1 polyvinyl alcohol (Waoker-Chemie Gmb
Product name: “PO17ViOI” manufactured by H (Munahen)
Disperse seven 10% aqueous solutions of W 25/140'').

This mixture t is then passed through an emulsifier, for example an "Ultra-T"
Emulsify by adding 90 g of deionized water with constant stirring at ``urrax''.
An aqueous emulsion of a molecular weight organopolysiloxane having 1% of solid gold is obtained.
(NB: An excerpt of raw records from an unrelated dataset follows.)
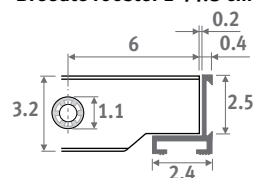

Doorlaat: 52%

Correctiefactor op afgiftetabellen: 0.93

Tolerantie breedte rooster:
0/+0.2 cm

Breedte rooster ≤ 40.8 cm

Breedte rooster ≥ 44.8 cm

DON Eik natuur

DOV Eik gevernist

DMN Merbau natuur

The produced emulsion was centrifuged (rotation speed: 4000 U).
, min"-1) k, even after 1 hour of no sedimentation phenomenon. This emulsion is stable for longer than 6 months at layer temperature.

Claims (1)

[Claims] 1. A method for producing an aqueous emulsion of a high molecular weight organopolysiloxane that is solid at room temperature, in which a high molecular weight organopolysiloxane that is solid at room temperature is mixed in a low molecular weight organo(poly)siloxane that is liquid at room temperature. A process for producing aqueous emulsions of high molecular weight organopolysiloxanes which are solid at room temperature and which is characterized in that this solution is emulsified with water with the addition of emulsifiers and optionally customary additives. 2. As a high molecular weight organopolysiloxane, the formula R_a(R^1O)_bSiO_[_4_-_(_a_
+_b_)_]_/_2 [In the formula, R represents the same or different monovalent hydrocarbon radicals having 1 to 14 carbon atoms for each radical, in which the radicals are water-inert. R^1 may have a substituent, and R^1 may be the same or different, and each group represents a hydrogen atom or an alkyl group having 1 to 4 carbon atoms, and a is 0, 1
, 2 or 3, average 0.75-1.5 and b is 0
, 1, 2 or 3, on average from 0.0 to 1.1], provided that these organopolysiloxanes have a molecular weight of at least 4000 g/mol. The method described in 1. 3. As a low molecular weight organo(poly)siloxane, the formula R^2_c(R^3O)_dSiO_[_4_-_(_
c_+_d_)_]_/_2 [wherein R^2 represents the same or different monovalent hydrocarbon radicals having from 1 to 14 carbon atoms for each radical, in which the radicals are indifferent to water. may have active substituents, R^3 may be the same or different and represent a hydrogen atom or an alkyl group having 1 to 4 carbon atoms for each group, c is 0
, 1, 2 or 3, average 0.0-3.9, and d
is 0, 1, 2 or 3, with an average of 0.2 to 3.9].
Poly)siloxane has 1 to 20 Si atoms per molecule.
and 0.5 to 100 mPa at 25°C. 3. The method according to claim 1 or 2, wherein the viscosity is s.